The study of parabolic problems on Riemannian manifolds lies at the intersection of differential equations, geometry, and analysis. Parabolic problems typically arise from heat equations, which describe diffusion processes. On Riemannian manifolds, these problems are naturally formulated in the context of geometric analysis, where the manifold is endowed with a Riemannian metric that influences the behavior of solutions.

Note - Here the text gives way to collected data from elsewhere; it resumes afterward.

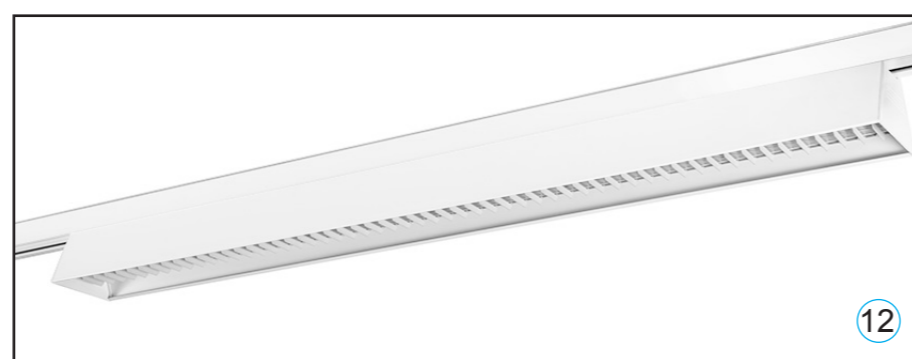

KULTURHUSET DANSSTUDION

2) Fagerhult iTrackskena, vit.
9 x 4m skena
3 x 2m skena
3 x Anslutningsdon
9 x I-skarv
3 x Ändstycke

Monteras dikt kabelrännor.
3 grupper: 2 dimfunktion,
1 konstant

7) 6st Zone Evo II, vit + Baffle ring
svart.

12) 24st iTrack Line LED, vit +
bländskydd.
3000K eller 4000K?

26) Elder frisnell 150, Scenljus.
Egen tändning.

ALL BEF. BEL. DEMONTERAS.

OBS! DE TRE PENDELARMATUR-
ERNA SPARAS OCH HÄNGS IN I
FREESHOPPEN.

A3

Phosforos Ljusdesign

Kontaktperson: Jonas Werning
Telefon 0733-64 79 14
E-post jonas@phosforos.com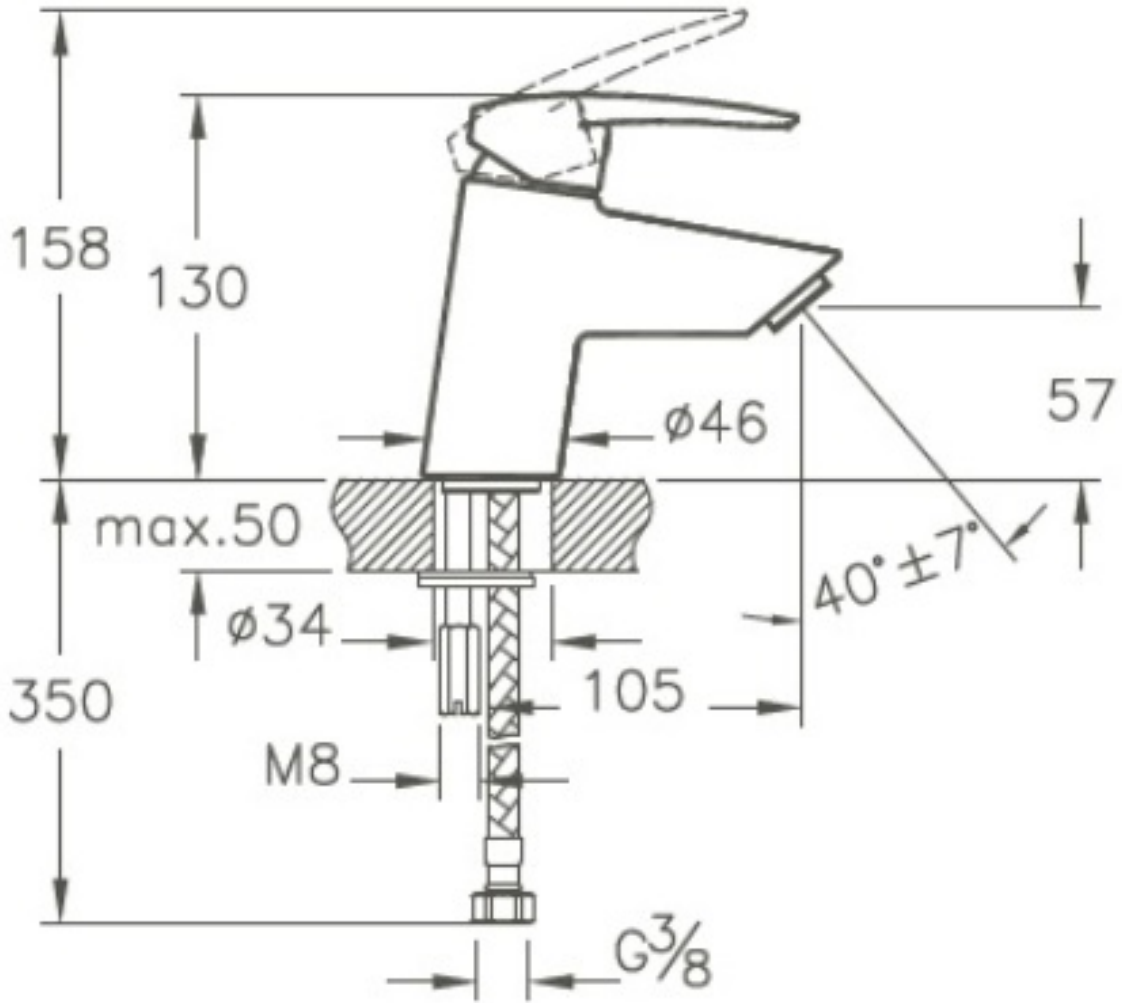

Tanım Dynamic S Lavabo Bataryası

Kod	A40950
Armatür Tipi	Standart
Montaj Tipi	Standart
Ürün Özellikleri	Su tasarrufu-Artema
Blue Life	Evet
Çalışma Basıncı	0,5-10 Bar (tavsiye edilen 3-5 Bar)
EPD	Evet
Kaplama	Krom
Kartuş	35 mm Kartuş
Perlatör	Açısı Değişen Perlatör-Honeycomb
Renk	Krom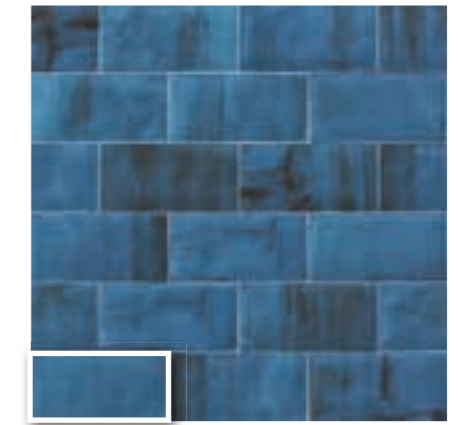

# VERONA

10x20 · 4"x8"

VERONA 10x20 · 4"x8"

REVESTIMIENTO  
WALL TILE

BRILLO  
GLOSSY

DESTONIFICADO  
VARIATION

VERONA 10 ICE  
10x20 (M 190) 4"x8"

VERONA 10 GRIS  
10x20 (M 190) 4"x8"

Verona 10 Gris 10x20 · 4"x8"

VERONA 10 BLANCO  
10x20 (M 190) 4"x8"

VERONA 10 VERDE  
10x20 (M 190) 4"x8"

VERONA 10 BLU  
10x20 (M 190) 4"x8"

## PAVIMENTO COORDINADO VERONA VERONA FLOOR TILE

SATINADO / SEMI-GLOSS

PAV. VERONA BLANCO  
20x20 (M 220) 8"x8"

PAV. VERONA VERDE  
20x20 (M 220) 8"x8"

PAV. VERONA DECOR  
20x20 (M 220) 8"x8"

Verona 10 Ice · 10x20 · 4"x8" · Verona 10 Verde · 10x20 · 4"x8"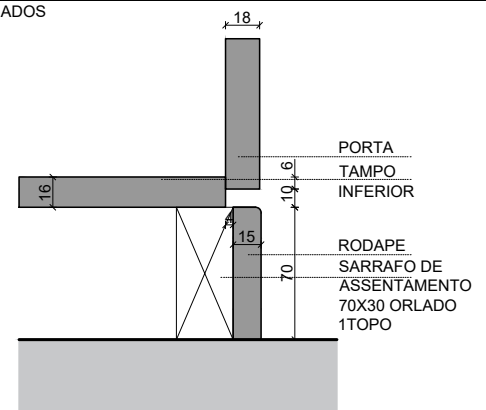

REMATE INFERIOR
GUARNIÇÃO 4LADOS

GUARNIÇÃO 3LADOS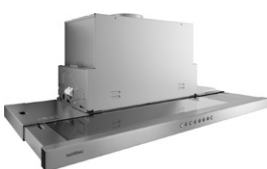

Uttrekksvifter serie 200

AF210192 23.300 kr

Bredde 90 cm

AF210162 17.200 kr

Bredde 60 cm

Inkl. innebygget motor.

- Utluftning eller resirkulasjon
- Diskret flat avtrekksvifte med integrert glasskjerm i hetten
- Ekstra stille drift takket være innebygd støyreduksjon
- Dampskjermen slås ut ved å trykke på den
- Funksjon for automatisk, følerstyrt effektjustering avhengig av mengden matos

- Dimmbar, neutral hvit LED-belysning til beste opplysning av hele koketoppen
- Med den patenterte rammeheisen forsvinner den flate avtrekksviften helt i overskapet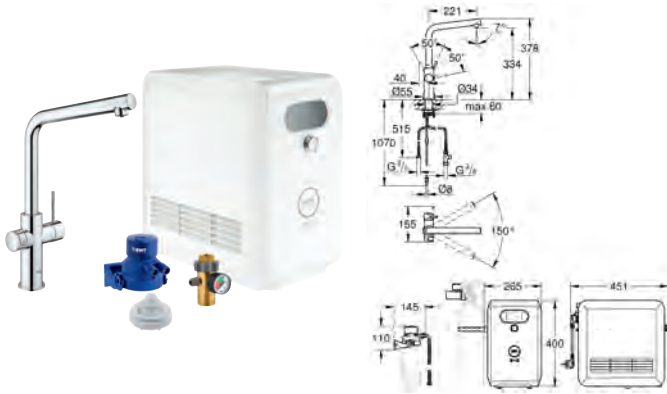

El filtro GROHE Blue, la botella de CO₂ y el cartucho de limpieza no están incluidos en la entrega y deben pedirse por separado.

Filtros adecuados: - filtro tamaño S, capacidad 600 L a 20 dKH (40 404 001)- filtro de tamaño M, capacidad 1500 L a 20 dKH (40430 001) - filtro de tamaño L, capacidad 2500 L a 20 dKH (40412 001) - filtro de carbón activado, capacidad 3000 L (40 547 001) - filtro magnesio + zinc, capacidad 400 L a 17 dGH (40 691 002)

Requisitos del sistema Apple

iPhone con iOS 14.0 o superior

Requisitos del sistema Android

teléfono inteligente con Android 10.0 o superior

Los dispositivos móviles y la aplicación GROHE Watersystems*** no están incluidos en la entrega y deben solicitarse por separado a través de una tienda Apple/tienda/iTunes o Google Play autorizada.

* La marca denominativa y los logotipos de Bluetooth son marcas comerciales registradas propiedad de Bluetooth SIG, Inc. y cualquier uso de dichas marcas por parte de Grohe AG se realiza bajo licencia. Otras marcas comerciales y nombres comerciales son propiedad de sus respectivos propietarios.

** Apple, el logotipo de Apple, iPod, iPod Touch, iPhone e iTunes son marcas comerciales de Apple Inc., registradas en EE. UU. y otros países. Apple no es responsable del funcionamiento de este dispositivo ni de su cumplimiento de los estándares normativos y de seguridad.

*** Disponible de forma gratuita a través de la aplicación iTunes o la tienda Google Play.

A parabolic problem typically refers to a partial differential equation with a time evolution that is governed by a second-order differential operator, such as the heat operator. In Euclidean space, the simplest form is the heat equation:

$${\displaystyle \frac{\partial u}{\partial t}}=\Delta u,$$

where $u(x,t)$ is the unknown function, and $\Delta$ is the Laplacian. These problems have applications in various areas of mathematics and physics, especially in the study of geometric evolution, diffusion processes, and analysis on curved spaces.

On a Riemannian manifold $(M,g)$, where g is the Riemannian metric, the heat equation is generalized to the following:

$${\displaystyle \frac{\partial u}{\partial t}}={\Delta }_{g}u,$$

where ${\Delta }_g$ is the Laplace–Beltrami operator, a generalization of the Laplace operator to curved spaces. The Laplace–Beltrami operator is defined in terms of the metric g and involves the covariant derivatives and the curvature of the manifold.

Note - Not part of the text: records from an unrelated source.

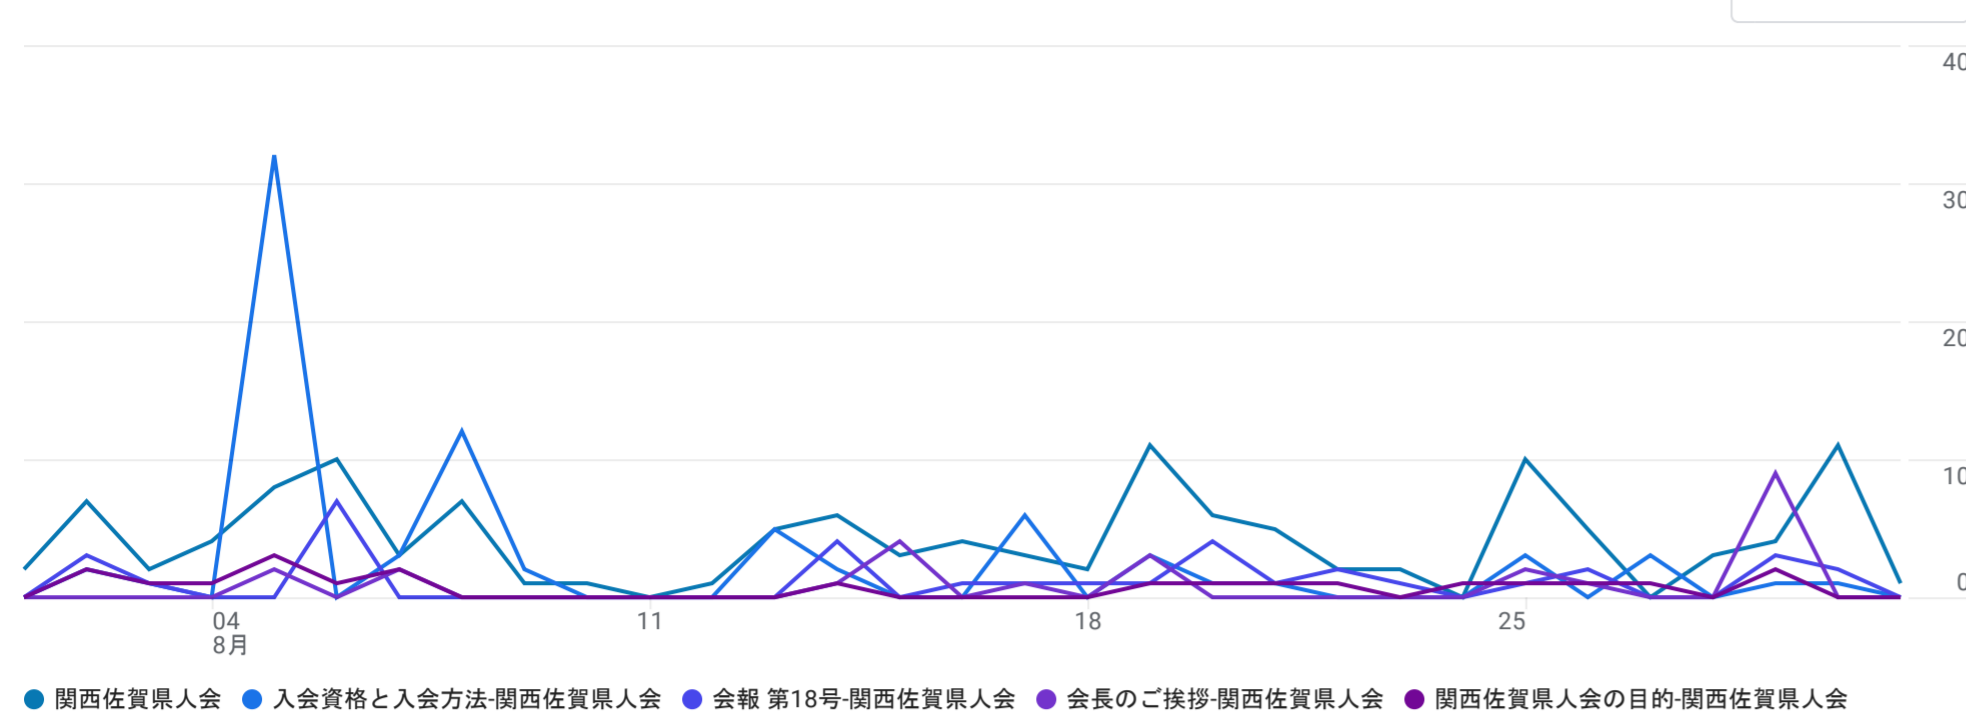

すべてのユーザー 比較対象を追加

カスタム 8月1日～2024年8月31日

ページとスクリーン: ページタイトルとスクリーンクラス

フィルタを追加

表示回数の推移: ページタイトルとスクリーンクラス別

表示回数: ページタイトルとスクリーンクラス別

検索...

1 ページあたりの行数: 100 1~50/50

In this paper, we consider a smooth compact manifold $(M^n,g)$, $n\ge 3$, and we discuss the existing results of non-negative solutions for the following perturbed heat equation:

$$\begin{array}{c}\hfill \left\{\begin{array}{cc}{\displaystyle \frac{\partial u}{\partial t}}=({\Delta }_{\mu }+V)u,\hfill & \mathrm{in}M\times (\delta ,T),0<\delta <T\le +\infty ,\hfill \\ u(x,\delta )=u_{\delta }\left(x\right),\hfill & x\in M,\hfill \end{array}\right.\end{array}$$

(1)

where $\mu$ is a Radon measure on M with full support, and ${\Delta }_{\mu }$ is the Laplace–Beltrami operator on M, $u_{\delta }\in L^2(M,\mu )$, $V\in L^2(M\times [\delta ,T],d\mu dt)$.

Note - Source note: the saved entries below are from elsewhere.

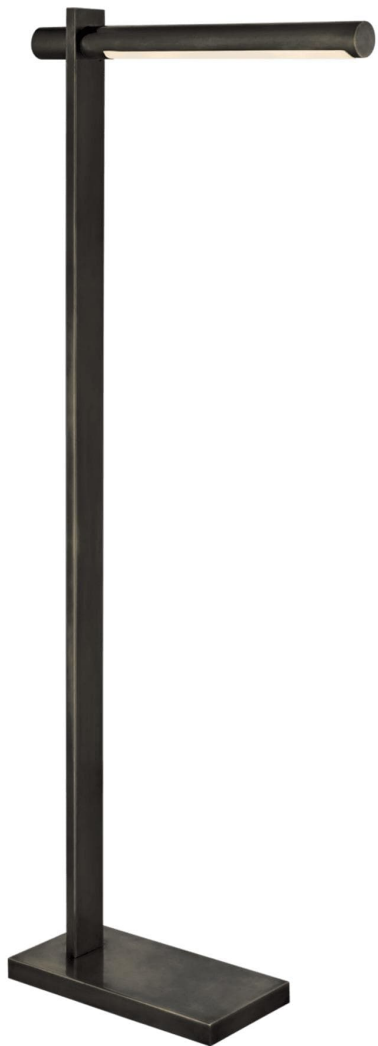

Спецификация Артикул: KW1730BZ

Напольный рабочий светильник

Axis Pharmacy

дизайнер: Kelly Wearstler

Высота: 114.3см см

Ширина: 15.2см см

Глубина: 45.7см см

Основание: 15.2 x 30.5 см прямоугольное

Абажур: 11.4 x 14.6 x 19 см

Цоколь: Dedicated LED w/ Hi-Lo

Мощность: 25 Вт (2000 лм)

Вес: 7.7 кг

Отделка: Бронза

VISUAL COMFORT & Co.

spb LIGHTING

Санкт-Петербург, Академика Павлова д. 6 к. 1,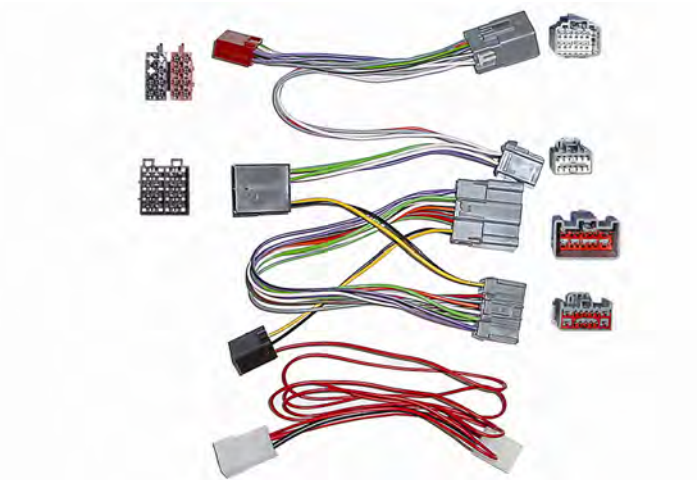

6 CONEXIONADO/ ML/iPOD/ INTERFAC
38 Kit conexión manos libres

KindvoX

38.3817

NOVEDAD

CONEXION MANOS LIBRES

14 Vias. Incluye Mute.

VOLVO:Todos/All'04->,*S40'04->,XC60'08->,,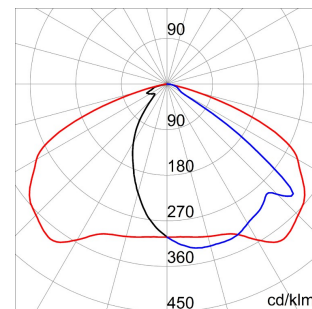

Toepassing	Extern	Serie	STREET [O3]
Type	Programmeerbaar (5 stappen)	IP- graad	IP66
Stoot- bestendigheid	BEHUIZING IK08 - LENS IK06	Isolatie- klasse	II
Kantelhoek instelbaar	±20° beugel - 0°-20° paalbeugel	Maximaal oppervlak blootgesteld aan de wind	0.26 m ²
Bedrijfstemperatuur	-25 +25 °C	Gewicht (kg)	9.7
Kleur	Grafiet/aluminium	Minimale afstand van het verlichte voorwerp	1 m
Spanning	220/240 V - 50/60 Hz - Stand alone and/or programmable 5 Step	Lamp-	LED
System vermogen	99 W	Optiek	ST2 - ULOR: 0%
Spanning	220-240 V - 50/60 Hz	Kleur temperatuur	4000 K (CRI>70)
Ledstroom	700 mA	Aantal modules	3 (3x16 led)
Nominale stroom (Im)	11740	Lumen- vermogen (lm)	10300
Fotobiologisch Risico	RG1/RG2 @ 20 cm	Ledlevensduur (L80B10)	100000 h
Ledlevensduur (L90B20)	50000 h	Garantie	5 jaar
Electrocod	244C	Light souce replaceability	By professional
Controlgear replaceability	By professional		

DIMENSIONAL

PHOTOMETRIC DISTRIBUTION

TECHNICAL SYMBOLOGY

IP

IP66

IK

BEHUIZING
IK08 - LENS
IK06

0.26 m²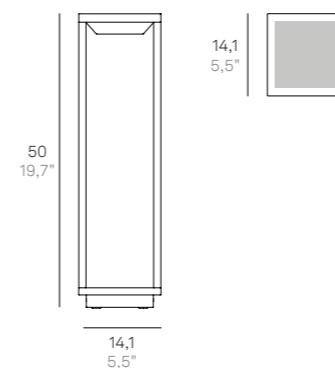

Home Solar

Paletto / Bollard Dotata di sensore crepuscolare e di movimento / Fitted with dusk and motion sensors

Our motivation for looking at this problem comes from the work of [1], in which the authors considered the following parabolic problem:

$$\begin{array}{c}\hfill \left\{\begin{array}{cc}\Delta u+Vu-{\displaystyle \frac{\partial u}{\partial t}}=0,\hfill & \mathrm{in}{\mathbb{R}}^n\times (0,\infty ),\hfill \\ u(x,0)=u_0\left(x\right),on{\mathbb{R}}^n,\hfill \end{array}\right.\end{array}$$

(2)

where $u_0\in L^2\left({\mathbb{R}}^n\right)$ and $V\in L^2({\mathbb{R}}^n\times (0,\infty )),n\ge 3$. Since ${\mathbb{R}}^n$ is a particular case of the Riemann manifold, our paper generalizes the work of Zhang [1]. Ghanmi and Kenzizi [2] studied the following parabolic problem:

$$\begin{array}{c}\hfill \left\{\begin{array}{cc}\Delta u+Vu-{\displaystyle \frac{\nabla \phi }{\phi }}\nabla u-{\displaystyle \frac{\partial u}{\partial t}}=0,\hfill & \mathrm{in}D\times (0,\infty ),\hfill \\ \phi \left(x\right)u(x,t)=0,\hfill & \mathrm{on}\partial D\times (0,\infty ),\hfill \\ u(x,0)=u_0\left(x\right),\hfill & \mathrm{in}D,\hfill \end{array}\right.\end{array}$$

(3)

where $\phi$ is the normalized positive eigenfunction corresponding to the first eigenvalue of $-\Delta$, and V belongs to a class of time-dependent potentials. The novelty of our paper, compared with the last work, is that we consider more classes of functions; moreover, these functions are assumed to be locally integrable. For interested readers about a class of potentials that can be written as the spatial derivative of some functions, we refer them to [3,4,5]).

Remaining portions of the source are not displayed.